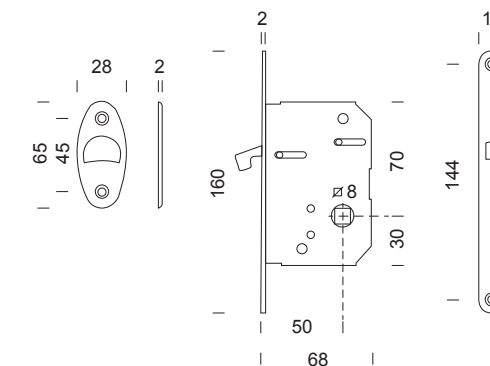

SD521
set maniglie incasso
con frontale
*sliding door handle set with flush
pull hole*

SD523M
set maniglie incasso con
nottolino q. 8 mm con
frontale
*sliding door handle set with turn
and release
8 mm square
spindle and flush
pull hole*

SD526M
set maniglie incasso con nottolino q.8 mm con
frontale + serratura
*sliding door handle set with turn
and release 8 mm square spindle with flush pull hole +
lock*

SE108

Su richiesta disponibile in tutte le finiture elencate a catalogo
On demand available in all finishes of Dnd catalogue
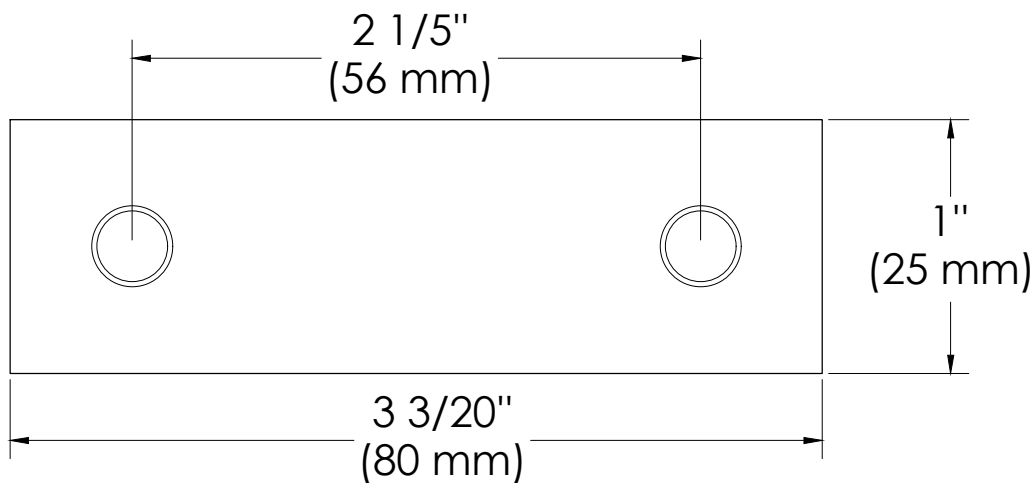

BEST GLASS PARTS - TOP CLAMP 180

PRODUCT SPECIFICATIONS :

- Finishes : Chrome, Black, Brush Nickel
- Material : Brass
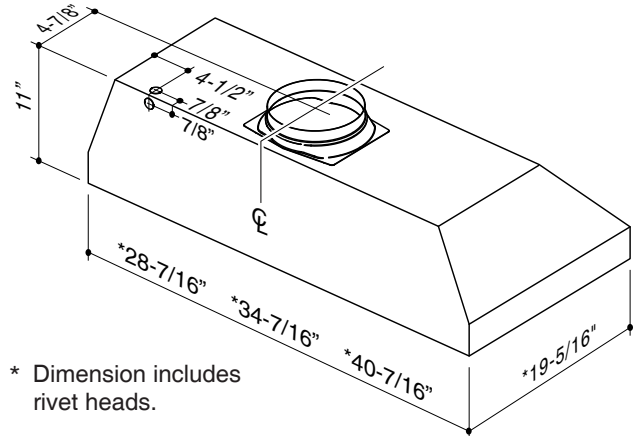

FEATURES

- Cabinet mount - custom applications
- Finish: 430 Stainless Steel #4 Brushed
- Widths: 28-3/8", 34-3/8", 40-3/8"
- Depth: 19-1/4"
- 8" round duct connector with backdraft damper
- Two-setting cooktop lighting (Uses two 50W, GU10 halogen lamps. Bulbs included.)
- Easily accessible, dishwasher safe stainless steel baffle filters with handles
- Infinite speed rotary blower control with on-off rocker switch
- Powerful, centrifugal blower with high-efficiency motor produces 600 CFM
- Quiet, normal speed operation
- Heat Sentry™ - automatically turns blower to high speed when excess cooking heat is detected
- Compatible with the ARP8 CFM reducer kit to reduce CFM to 250-300

SPECIFICATIONS

VOLTS	AMPS	CFM	SONES	DUCT
120	5.0	600 (high speed) 190 (low speed)	12.0 2.0	8" round

* Dimension includes rivet heads.

HVI-2100 CERTIFIED RATINGS comply with new testing technologies and procedures prescribed by the Home Ventilating Institute, for off-the-shelf products, as they are available to consumers. Product performance is rated at 0.1 in. static pressure, based on tests conducted in a state-of-the-art test laboratory. Sones are a measure of humanly-perceived loudness, based on laboratory measurements.
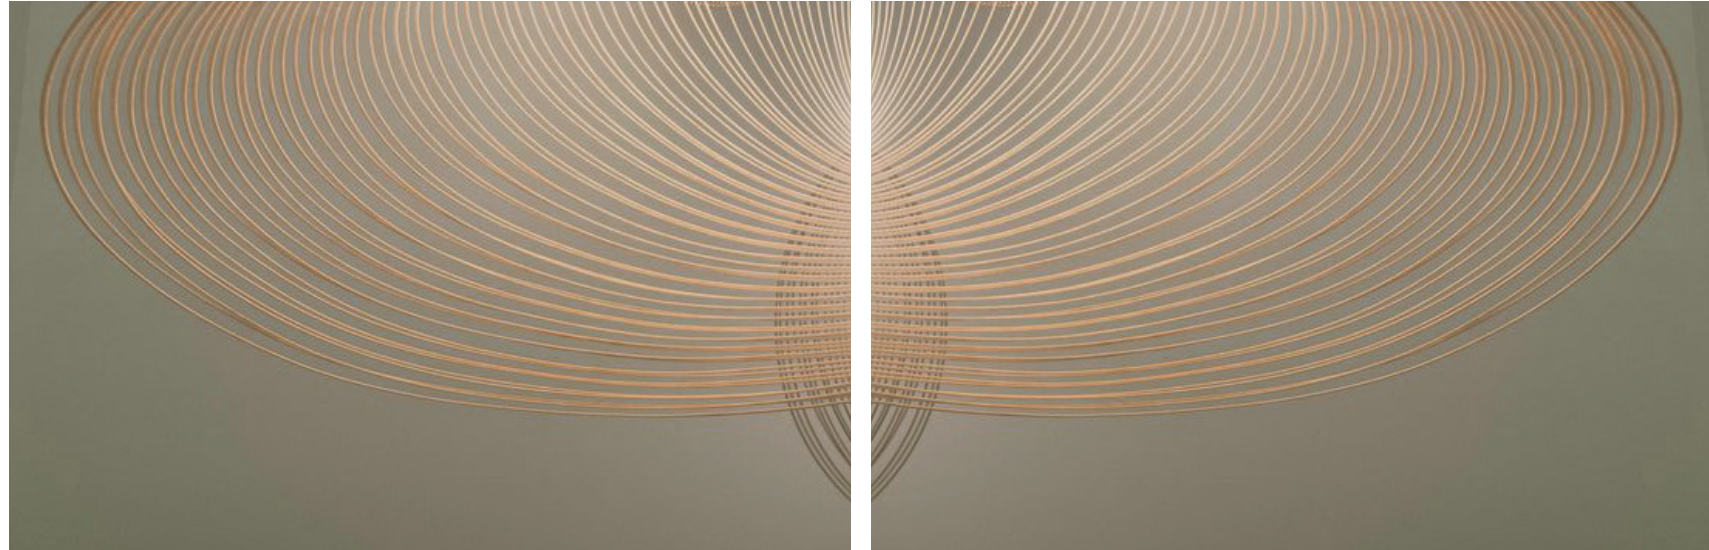

Colorful Textiles

Artistically Refined

Detail Orientated
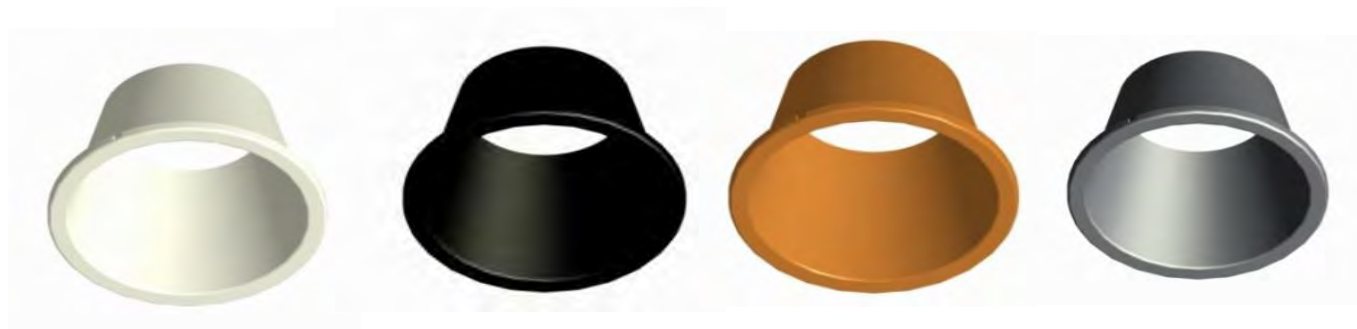

Light module 1

Light module 2

Light module 3

Module specification

Wattage	5-20W	20-30W	20-40W
Size	D70xH42mm	D70xH76mm	D120xH55mm
Materials	ADC12 Die cast aluminum	ADC12 Die cast aluminum	ADC12 Die cast aluminum
LED brand	Citizen, CREE, Bridgelux	Citizen, CREE, Bridgelux	Citizen, CREE, Bridgelux
CCT	2700/300/350//4000K DIM2WARM 2000-3000K Tunable white 3000-6000K Tunable white 2700-5000K Tri-color 3000/4000/5000K	2700/300/350//4000K DIM2WARM 2000-3000K Tunable white 3000-6000K Tunable white 2700-5000K Tri-color 3000/4000/5000K	2700/300/350//4000K DIM2WARM 2000-3000K Tunable white 3000-6000K Tunable white 2700-5000K Tri-color 3000/4000/5000K
CRI	Ra 80+,90+97+	Ra 80+,90+97+	Ra 80+,90+97+
Optics	Lens, reflector	Lens, reflector	Lens, reflector
Beam angle	15/24/38/60°	15/24/38/60°	15/24/38/60°
UGR	<19	<19	<19
Efficiency	80-150lm/W	80-150lm/W	80-150lm/W
Voltage	DC36V	DC36V	DC36V
Current	150-500mA	500-700mA	500-950mA
Finish color	Black	Black	Black

	size	size	size	size
	D80mm	D106mm	D150mm	D188mm
Color	Black	Black	Black	Black
	Silver	Silver	Silver	Silver
	Glod	Glod	Glod	Glod
	White	White	White	White
Materials	Aluminum 1090	Aluminum 1090	Aluminum 1090	Aluminum 1090
▬▬▬
▶ Work order
Return all records above verbatim without their pictures.

▶ Answer below
SD521
set maniglie incasso
con frontale
*sliding door handle set with flush
pull hole*

SD523M
set maniglie incasso con
nottolino q. 8 mm con
frontale
*sliding door handle set with turn
and release
8 mm square
spindle and flush
pull hole*

SD526M
set maniglie incasso con nottolino q.8 mm con
frontale + serratura
*sliding door handle set with turn
and release 8 mm square spindle with flush pull hole +
lock*

SE108

Su richiesta disponibile in tutte le finiture elencate a catalogo
On demand available in all finishes of Dnd catalogue

BEST GLASS PARTS - TOP CLAMP 180

PRODUCT SPECIFICATIONS :

- Finishes : Chrome, Black, Brush Nickel
- Material : Brass

FEATURES

- Cabinet mount - custom applications
- Finish: 430 Stainless Steel #4 Brushed
- Widths: 28-3/8", 34-3/8", 40-3/8"
- Depth: 19-1/4"
- 8" round duct connector with backdraft damper
- Two-setting cooktop lighting (Uses two 50W, GU10 halogen lamps. Bulbs included.)
- Easily accessible, dishwasher safe stainless steel baffle filters with handles
- Infinite speed rotary blower control with on-off rocker switch
- Powerful, centrifugal blower with high-efficiency motor produces 600 CFM
- Quiet, normal speed operation
- Heat Sentry™ - automatically turns blower to high speed when excess cooking heat is detected
- Compatible with the ARP8 CFM reducer kit to reduce CFM to 250-300

SPECIFICATIONS

VOLTS	AMPS	CFM	SONES	DUCT
120	5.0	600 (high speed) 190 (low speed)	12.0 2.0	8" round

* Dimension includes rivet heads.

HVI-2100 CERTIFIED RATINGS comply with new testing technologies and procedures prescribed by the Home Ventilating Institute, for off-the-shelf products, as they are available to consumers. Product performance is rated at 0.1 in. static pressure, based on tests conducted in a state-of-the-art test laboratory. Sones are a measure of humanly-perceived loudness, based on laboratory measurements.

Colorful Textiles

Artistically Refined

Detail Orientated

Light module 1

Light module 2

Light module 3

Module specification

Wattage	5-20W	20-30W	20-40W
Size	D70xH42mm	D70xH76mm	D120xH55mm
Materials	ADC12 Die cast aluminum	ADC12 Die cast aluminum	ADC12 Die cast aluminum
LED brand	Citizen, CREE, Bridgelux	Citizen, CREE, Bridgelux	Citizen, CREE, Bridgelux
CCT	2700/300/350//4000K DIM2WARM 2000-3000K Tunable white 3000-6000K Tunable white 2700-5000K Tri-color 3000/4000/5000K	2700/300/350//4000K DIM2WARM 2000-3000K Tunable white 3000-6000K Tunable white 2700-5000K Tri-color 3000/4000/5000K	2700/300/350//4000K DIM2WARM 2000-3000K Tunable white 3000-6000K Tunable white 2700-5000K Tri-color 3000/4000/5000K
CRI	Ra 80+,90+97+	Ra 80+,90+97+	Ra 80+,90+97+
Optics	Lens, reflector	Lens, reflector	Lens, reflector
Beam angle	15/24/38/60°	15/24/38/60°	15/24/38/60°
UGR	<19	<19	<19
Efficiency	80-150lm/W	80-150lm/W	80-150lm/W
Voltage	DC36V	DC36V	DC36V
Current	150-500mA	500-700mA	500-950mA
Finish color	Black	Black	Black

	size	size	size	size
	D80mm	D106mm	D150mm	D188mm
Color	Black	Black	Black	Black
	Silver	Silver	Silver	Silver
	Glod	Glod	Glod	Glod
	White	White	White	White
Materials	Aluminum 1090	Aluminum 1090	Aluminum 1090	Aluminum 1090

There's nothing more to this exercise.